Tokenization-wise encoding #287

Closed hynky1999 closed 2 months ago

hynky1999 commented 2 months ago

What does this implement/fix? Explain your changes.

This PR adds new way to do tokenization.

NathanHB commented 2 months ago

Thanks for the PR, looks great :)

The input parsing for models is really scary to me, very easy to make a mistake imo. I think we do have some shared interface (batch_size, add_bos_token, tokenizer....) for most of the inference models. Would be nice to refactor in the future and have something like TokensLightevalModel and TextLightevalModel (if we allow closed models in future, we won't be the ones doing the batching/tokenization). Won't be doing that in this PR for sure.

What do you mean by in put parsing interface ?

hynky1999 commented 2 months ago

Pretty much this fc: https://github.com/huggingface/lighteval/blob/config_templates/src/lighteval/models/model_config.py#L288

I find it scary, because if one is adding a new args/new model configs there is no reference config, pretty much we access everything through untyped dict access. And we actually do have such configs, it's all those XConfig classes. But we can't directly parse into them because they are flattened as I think first the CLI interface was introduced and then the .yaml configs were added.
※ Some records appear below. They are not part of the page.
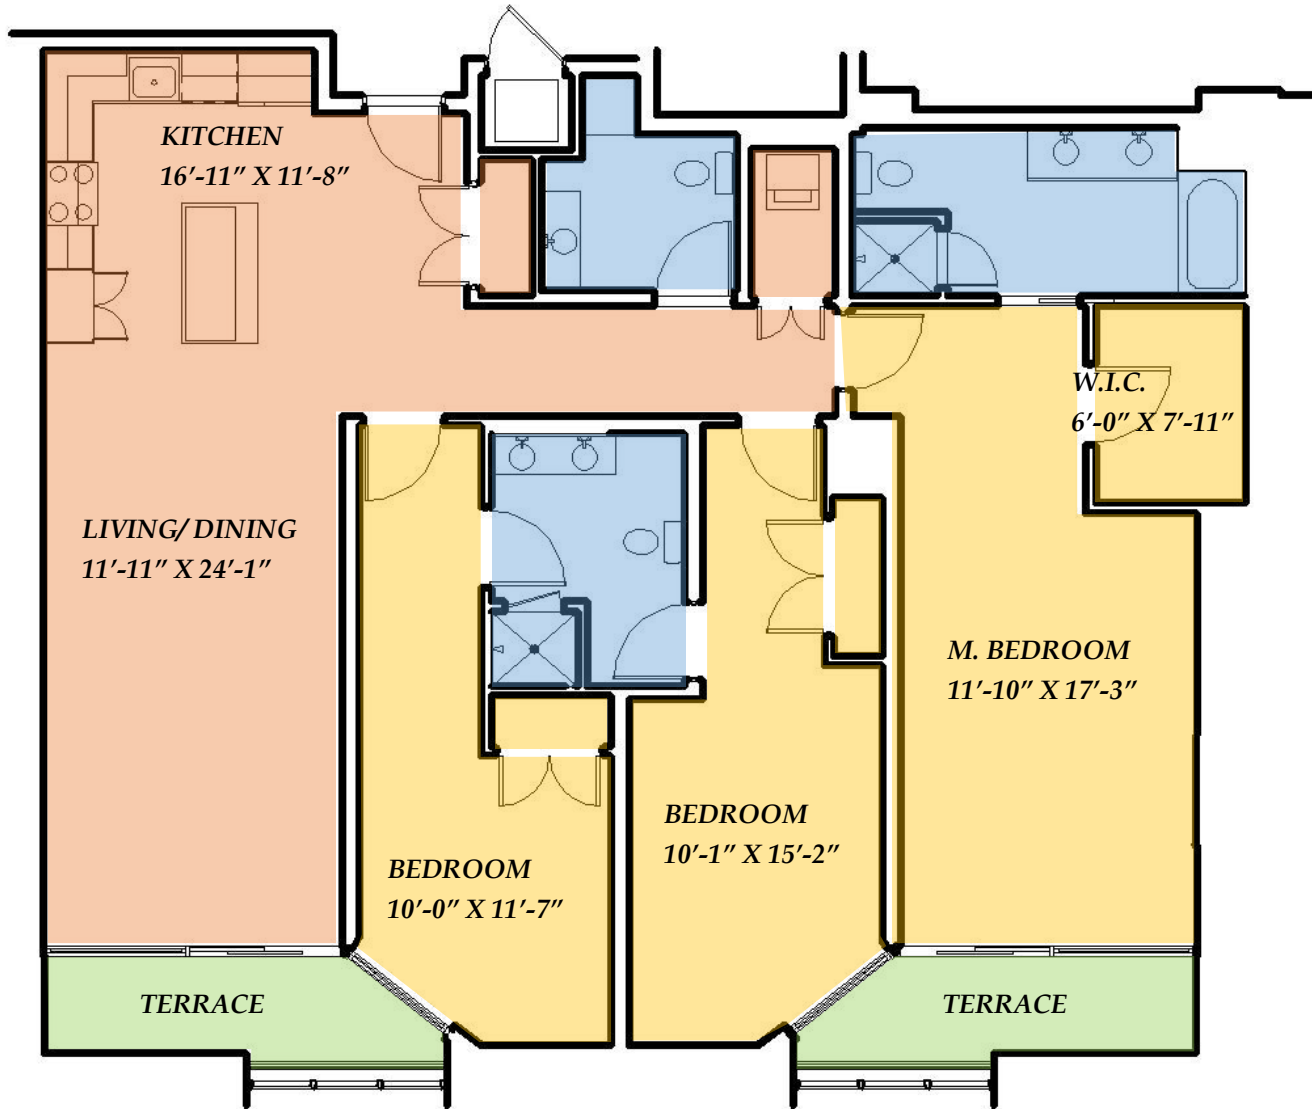

THE COSMOPOLITAN

771 HARRISON AVENUE

BOSTON, MA

UNIT 105 THREE BEDROOM

Unit Area: 1793 SF

Terrace Area: 70X2 SF

Total Area: 1933 SF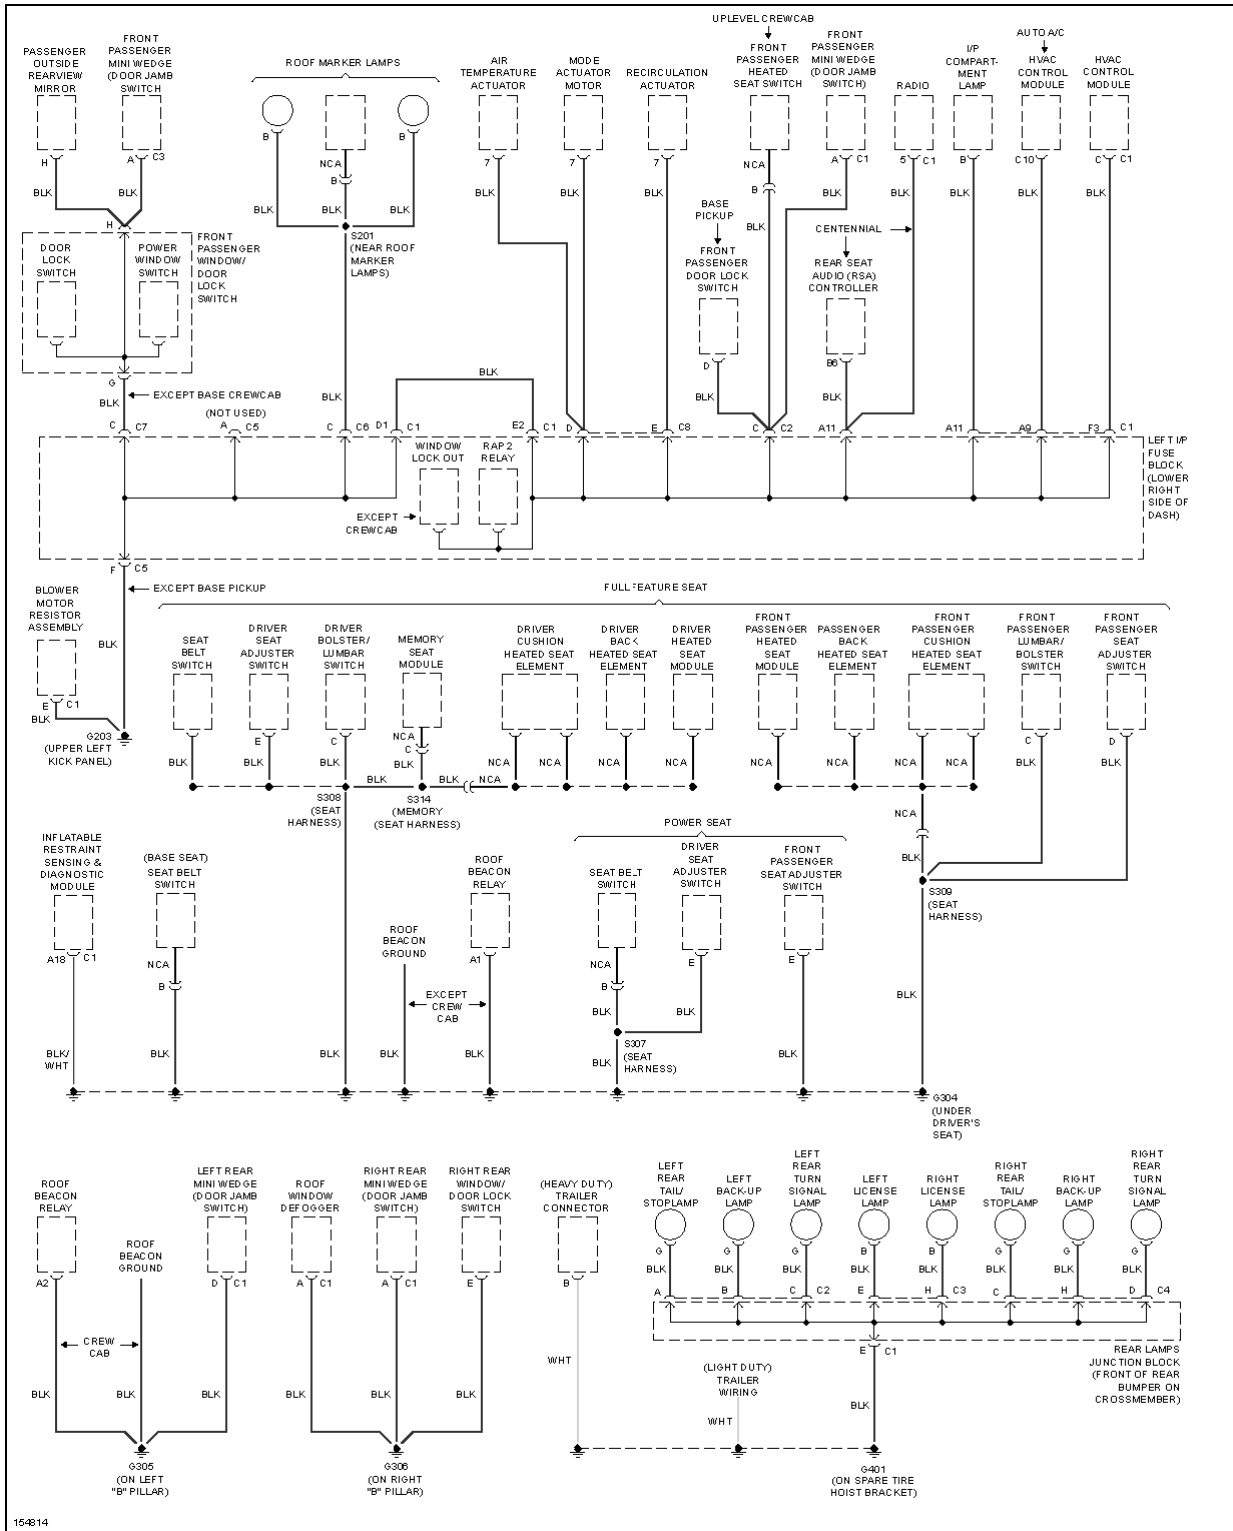

2002 SYSTEM WIRING DIAGRAMS CHEVROLET Silverado 1500

Fig. 53: Ground Distribution Circuit (1 of 4)

2002 SYSTEM WIRING DIAGRAMS CHEVROLET Silverado 1500

Fig. 55: Ground Distribution Circuit (3 of 4)

2002 SYSTEM WIRING DIAGRAMS CHEVROLET Silverado 1500

Fig. 56: Ground Distribution Circuit (4 of 4)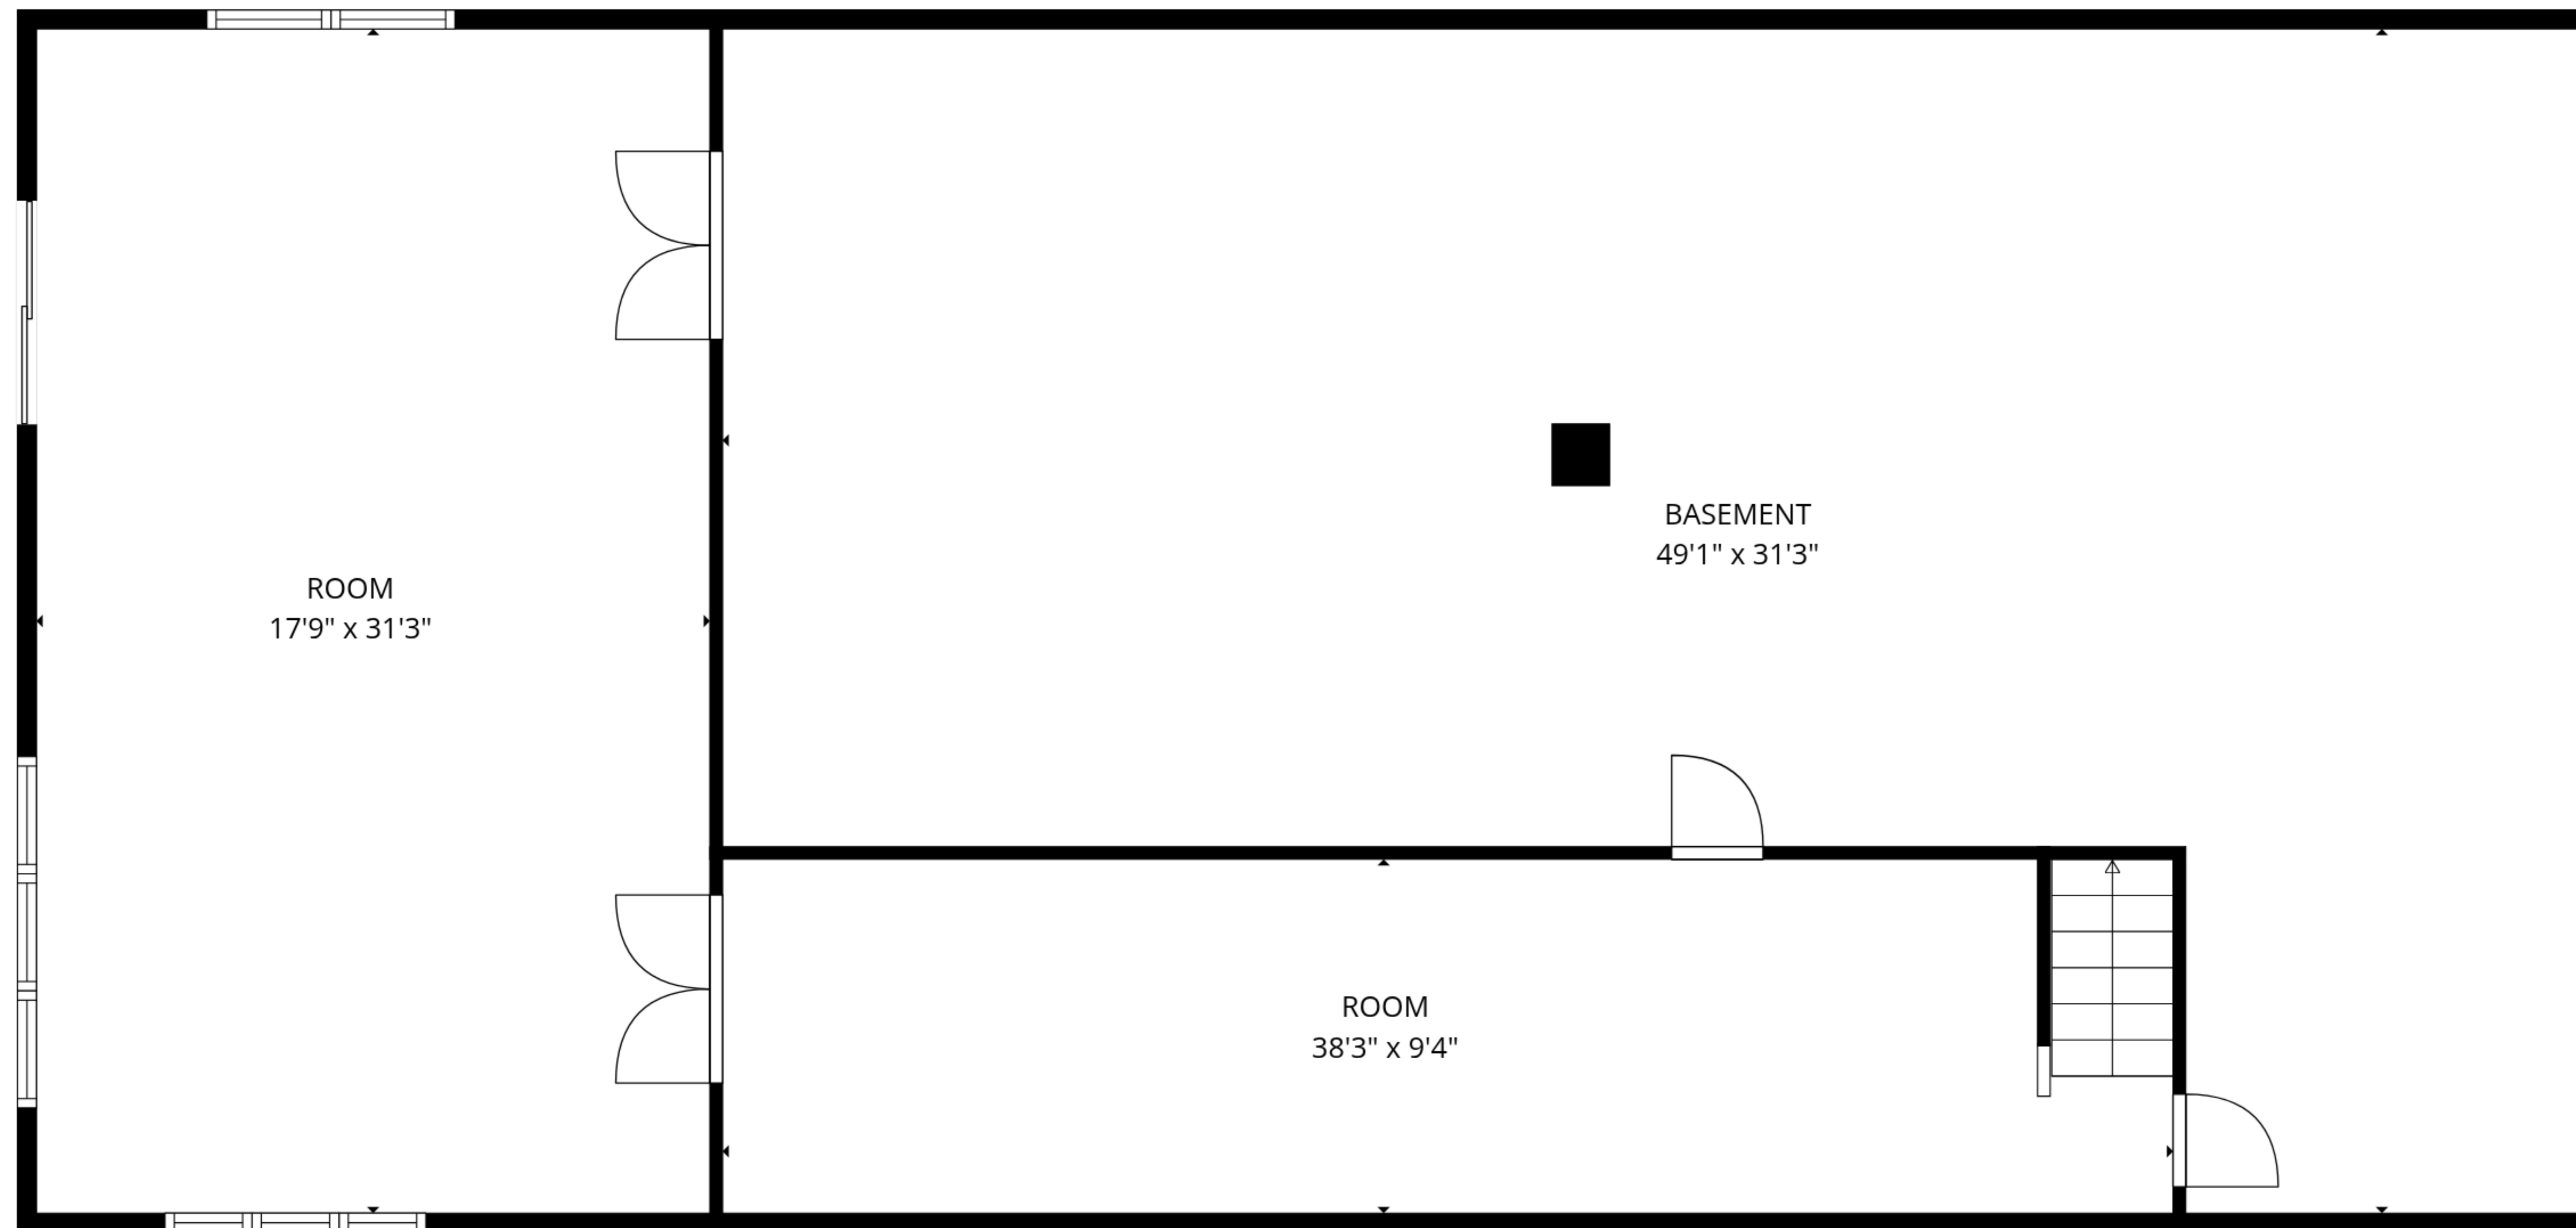

TOTAL: 2478 sq. ft
Basement: 377 sq. ft, 1st floor: 2101 sq. ft
EXCLUDED AREAS: ROOM: 563 sq. ft, BASEMENT: 1161 sq. ft, GARAGE: 1230 sq. ft,
WALLS: 254 sq. ft

TOTAL: 2478 sq. ft
 Basement: 377 sq. ft, 1st floor: 2101 sq. ft
 EXCLUDED AREAS: ROOM: 563 sq. ft, BASEMENT: 1161 sq. ft, GARAGE: 1230 sq. ft,
 WALLS: 254 sq. ft

1st floor

Basement

TOTAL: 2478 sq. ft
 Basement: 377 sq. ft, 1st floor: 2101 sq. ft
 EXCLUDED AREAS: ROOM: 563 sq. ft, BASEMENT: 1161 sq. ft, GARAGE: 1230 sq. ft,
 WALLS: 254 sq. ft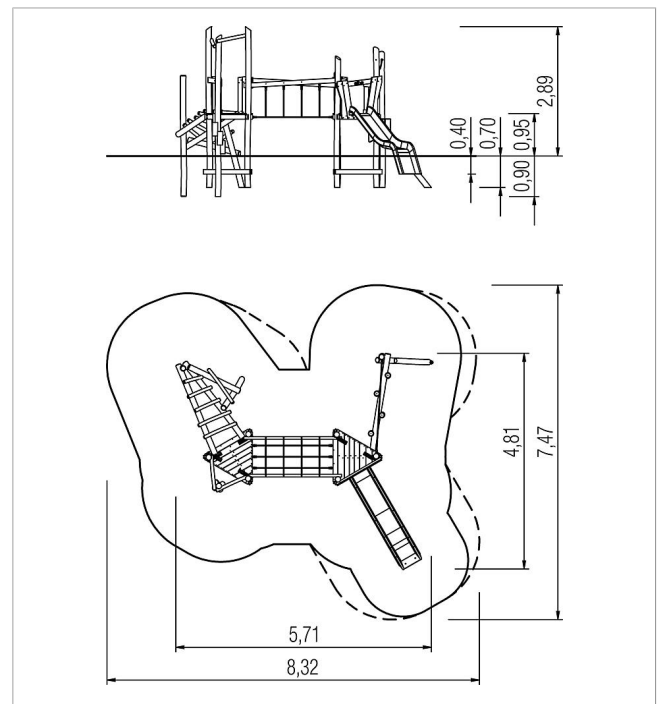

5 45 324 0630 0

paradiso play unit Arne, solo

made in germany

Scope of delivery

- 6x post unit: robinia
- 2x platform unit: robinia
- 1x chicken ladder: robinia
- 1x floating piles: robinia, plastic-coated steel rope
- 1x spiral ascent: robinia
- 1x net bridge horizontal: robinia, plastic-coated steel rope
- 1x slide entry board: robinia
- 6x squared timber: robinia

	Material	Robinia natural
	Foundation level	FL 3
	Minimum space	832x747x289 cm
	Free falling height	95 cm
	Impact protection net	42,0 m ²
	Foundations	11x CF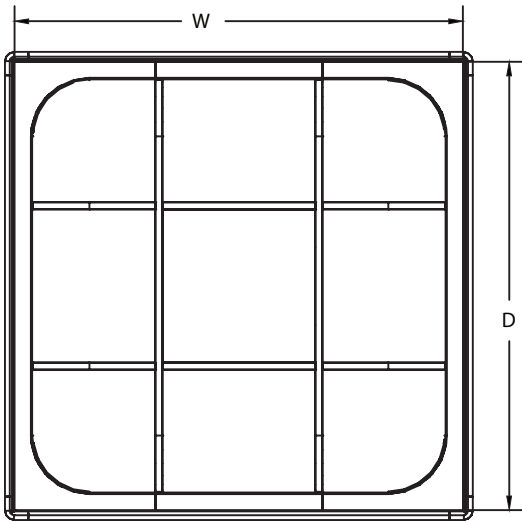

WINE ISLAND

DESCRIPTION

JSI shop-around Island merchandisers can be placed virtually anywhere in the store to promote impulse wine sales.

FEATURES

- 3 Levels of Merchandising Area for Wine/Liquor
- Metal PTM
- 3" Locking Casters
- Variety of Colors/Options

APPLICATIONS

- Use as a Stand-Alone Merchandiser

STYLE	ITEM #	SIZES W x D x H
WINE ISLAND	C-WD-SA-B	48" X 48" X 47"

MATERIALS, FINISHES, AND ACCESSORIES

Please refer to our "Stains and Accessories" brochure to see our wide range of materials, finishes, and accessories.

Having hierarchical config as reference is really nice because:

  1. It's super easy to document (you literally just reference the dataclass, and don't need to update docs manually)
  2. you get nice error code, when you use incorrect config (because the whatever library you use it does that for you)
  3. Enforcing required keys and defaults is much more easier.
  4. We could actually merge nanotron config and accelerate worklow together, as nanotron would be yet another model config
  5. You can share some common stuff between the configs (Generation args etc...)

Now the reason why we use flattened configs is likely because CLI interface right ? I think it would make sense to either:

  1. If one uses cli they can use hierarchical args using . syntax. E.g. 'model=pretrained, model.name=llama'
  2. Make the cli interface minimal and parse it into the hierachical config

It's not a feature, but thing that will make maintaining much easier imo so doesn't have much priority.

NathanHB commented 2 months ago

I see ! I agree with you, I recently added vllm models and it has different configs than base models, our current system is hard to document and clunky for users. I like the idea of having: model=pretrained, model.name=llama in the cli but it would make the cli command much longer to type.

What do you mean by: "Make the cli interface minimal and parse it into the hierachical config" ?

hynky1999 commented 2 months ago

I see ! I agree with you, I recently added vllm models and it has different configs than base models, our current system is hard to document and clunky for users. I like the idea of having: model=pretrained, model.name=llama in the cli but it would make the cli command much longer to type.

What do you mean by: "Make the cli interface minimal and parse it into the hierachical config" ?

  1. We would select minimal usable interface for each model (e.g. for pretrained it could be just name) and only parse that from cli, this makes it a bit easier to maintain
  2. We change the flatten config to hierarchical, so that we can re-use stuff

I like the first method more tho